My scariest moment in South Africa may surprise you.
A girlfriend and I, along with my three children and her baby, were headed somewhere in my Volkswagen and became miserably lost on a lonely road in the middle of nowhere. This was BC, before cellphones.
Our directions had been clear enough, or so we thought, but in a split second, the car died with no warning on the dirt road on the dark continent with no streeet lights or even ambient light anywhere. No way anyone would ever find us. Our only options were to spend the night with four children in a beetle or go find help.
I instructed my friend to stay inside the safe car with all the children, lock the car doors, roll up the windows except for a few inches.
As I stepped out, the ground seemed dry. I made a 360 degree sweep and saw nothing. Then like a tiny match in a pitch black forest, I saw a light far in the distance. It was our only chance.
I could not see my hand in front of my face. I walked until I felt a fence and climbed over it easily enough. Then this city girl continued on, praying along the way. As my feet felt the ground in front of me, I hesitantly stepped forward.
Suddenly, from a distance I heard barking dogs. At first, it seemed nice. Surely they had an owner. Thereby a phone. My reasoning seemed solid until they surrounded me. Viscious, snarling dogs that seemed to be different sizes and breeds but I couldn’t see them to be sure.

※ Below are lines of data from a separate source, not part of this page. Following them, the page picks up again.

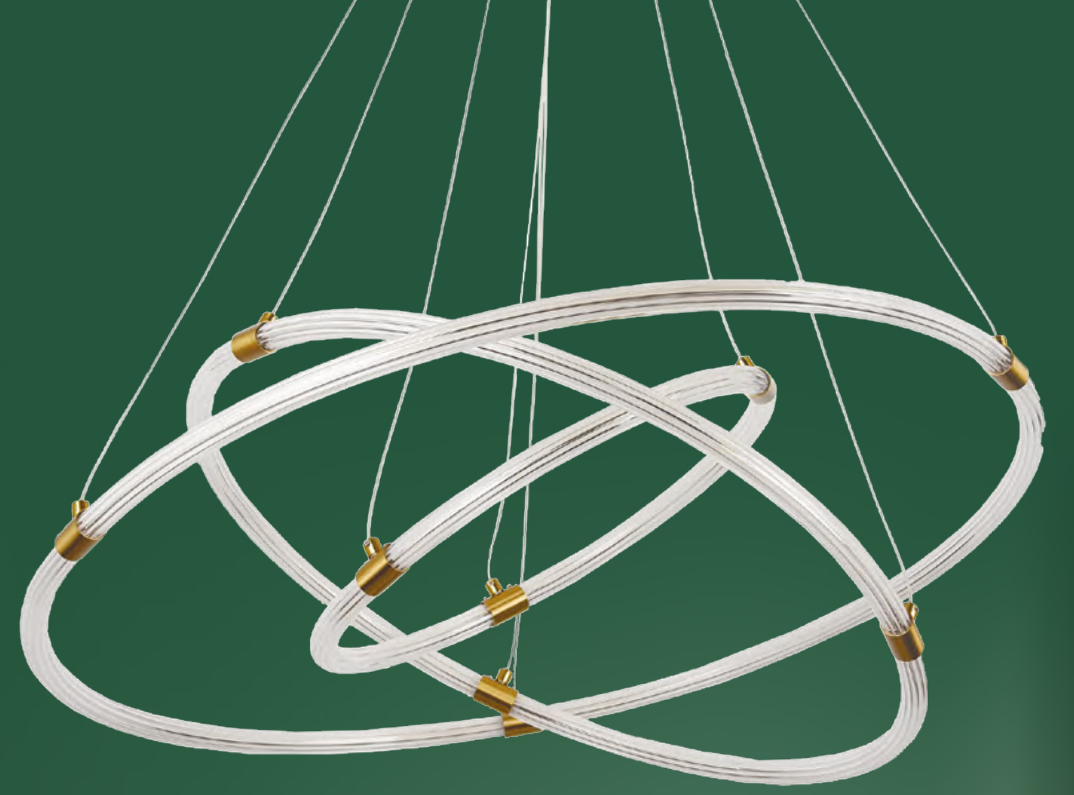

ПЛАТЛИНГ

661018303

ОСНОВАНИЕ/МЕТАЛЛ/БРОНЗА
ПЛАФОН/АКРИЛ/ПРОЗРАЧНЫЙ+БЕЛЫЙ

⊕ 52W LED ⚡ 5200 Lm ⚡ 24 м² ⚖ 4,5 kg ⚡ 3000/6000K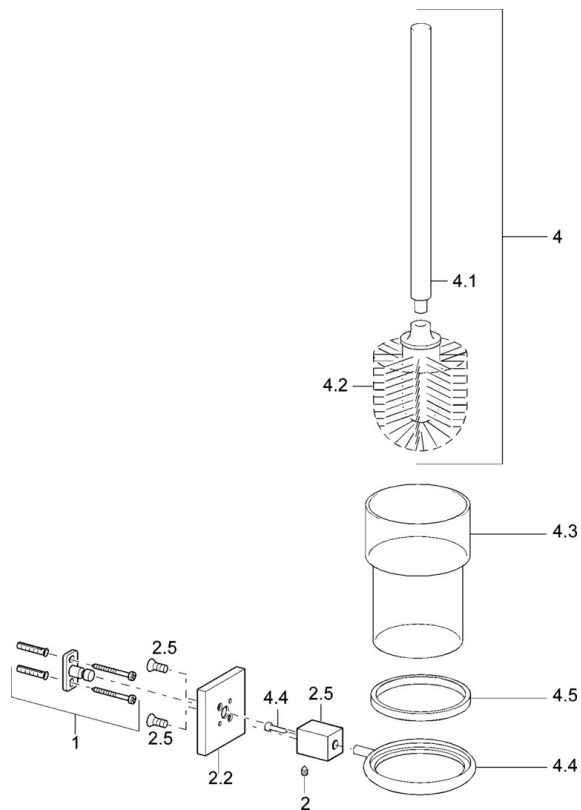

EAN: 4015474071773
static.hansa.com/50250900

- Koupelna
- Příslušenství
- Montáž na zeď
- Chrom

Technické údaje

Náhradní díly

SP50250900

	Název	Kód
1	Upevňovací set Ukončeno	59912081
2	Kolík, M5x8 Ukončeno	59912082
2.2	Kryt příruby Ukončeno	59912574
2.5	Dodávka Ukončeno	59912588
4	Toilet brush Ukončeno	59912076
4.2	Štětka, M 12	59911637
4.3	Sklo Ukončeno	59912586
4.4	Support ring, d 85 Ukončeno	59912587
4.5	Kroužek, d 85 mm Ukončeno	59912567

I kept my hands by my side and inched myself forward speaking an octave higher. “Hellllooo little doggies, hello little doggies,” I said, as I moved forward at a snail’s pace. Knowing they could have ripped me apart, I figured it was my American accent that bewildered them. Anyway, in ten minutes or so we approached a farmhouse. A woman came out screaming at her dogs and pulled me inside her house.
Explaining what had happened, I asked to borrow her phone. She walked me back to my car while we waited for my husband. It was thirty minutes until he arrived. We profusely thanked the woman and all said goodbye.
Those solitary moments on that dark moonless night in deepest Africa left me feeling brave, like I’d earned a badge of honor. That was my scariest moment, but I’ll try to share a few more that could compete for the title. Another day. Another blog.